All but one company on the list (AbbVie) also invested in nonpharmaceutical assets—most notably J&J, Lilly, Bayer and Biogen, which each invested over 50% of their deal efforts by volume in nondrug assets. The nonpharma deal space for these companies comprises mainly technology platforms, but also can include medical devices, diagnostics, animal health products and more, reflecting the breadth of the companies’ interests.

Therapeutic focus

A breakdown of top buy-sider deals by therapy area illustrates the well-known importance of oncology to the industry (Fig. 3). All but one of the 23 companies (Biogen) made at least one deal in oncology, with 11 companies announcing five or more transactions. The aggregate deal volume for these 23 companies was fivefold greater in oncology than for the next-largest therapeutic areas of neurology, inflammation or infection. The promise of immuno-oncology and the substantial unmet medical need in cancer continue to drive the prominence of this therapeutic area.

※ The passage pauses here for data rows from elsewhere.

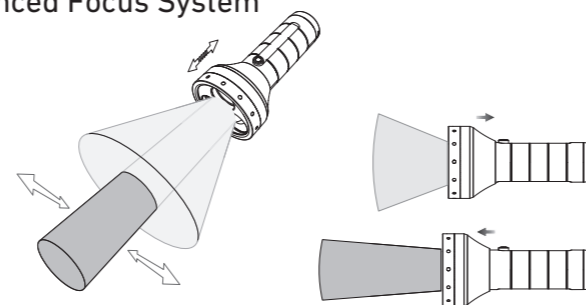

No:

Yes:

Backup Mode

Boost

Lanyard

Advanced Focus System

**Ledlenser GmbH & Co. KG**  
 Kronenstrasse 5-7 • 42699 Solingen • Germany  
 Phone +49 212/5948-0 Fax +49 212/5948-200  
 info@ledlenser.com

At the other end of the popularity scale for dealmaking is cardiovascular disease—once the leading therapeutic area in the pharma industry. Despite the fact that ischemic heart disease and stroke remain major causes of death worldwide, companies appear to be focused on other unmet needs. The size, length and thus expense of clinical trials in this area are key factors driving drug developers to look elsewhere for market opportunities. The area is not completely devoid of innovation, however, for example, 2016 saw Amgen and Pfizer announce deals for preclinical-stage cardiovascular assets—an RNAi program and a gene-therapy vector, respectively.

Figure 3: Transactions for leading dealmaking companies in 2016, by therapy area. Number of key transactions (mergers and acquisitions, option to acquire, licensing deals/joint ventures and research-only deals) with an identifiable therapy area for the 23 pharmaceutical companies among the top 50 companies (as ranked by 2015 sales) that announced five or more buy-side transactions in 2016. Higher numbers of deals are indicated with darker shading.

Between oncology and cardiovascular disease, a number of companies continue to explore deals in neurology, inflammation and infectious diseases. Thirteen companies did at least one deal in neurology, with six announcing two or more. This is an expansion of industry interest over years past, as innovators strive to solve the very difficult problems of neurodegenerative disease.

Finally, company strategies by therapeutic area range from broadly to narrowly focused. Of the 23 companies we studied, only four announced deals in more than five therapy areas (Allergan, 10; J&J, 9; Pfizer, 8; and Novartis, 6). Allergan’s vigorous dealmaking activity is strongly indicative of its strategy to be a global participant in diverse markets. On the other end of the spectrum are companies such as Merck KGaA and Celgene, which announced deals in only a few therapy areas, suggesting an external strategy to have a deeper presence in more narrowly defined fields.